= About this exercise =
With the pictures omitted, write out the entries that follow exactly as they stand.

(Data excerpts)
◆ ◆ ◆ ◆

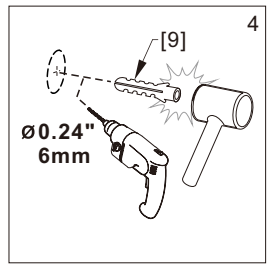

# ● Assembly

01

Size	L1
48"(1219mm)	44.4"-48.3"(1127-1228mm)
56"(1422mm)	52.4"-56.3"(1330-1431mm)
60"(1524mm)	56.4"-60.3"(1431-1533mm)
64"(1626mm)	60.4"-64.3"(1533-1635mm)
68"(1727mm)	64.4"-68.3"(1635-1736mm)

Size	L2
36"(914mm)	35-35.8"(889-909mm)

L2

L1

LH

RH

02

04

0

◆ ◆ ◆ ◆

= Response =
# ● Assembly

01

Size	L1
48"(1219mm)	44.4"-48.3"(1127-1228mm)
56"(1422mm)	52.4"-56.3"(1330-1431mm)
60"(1524mm)	56.4"-60.3"(1431-1533mm)
64"(1626mm)	60.4"-64.3"(1533-1635mm)
68"(1727mm)	64.4"-68.3"(1635-1736mm)

Size	L2
36"(914mm)	35-35.8"(889-909mm)

L2

L1

LH

RH

02

04

0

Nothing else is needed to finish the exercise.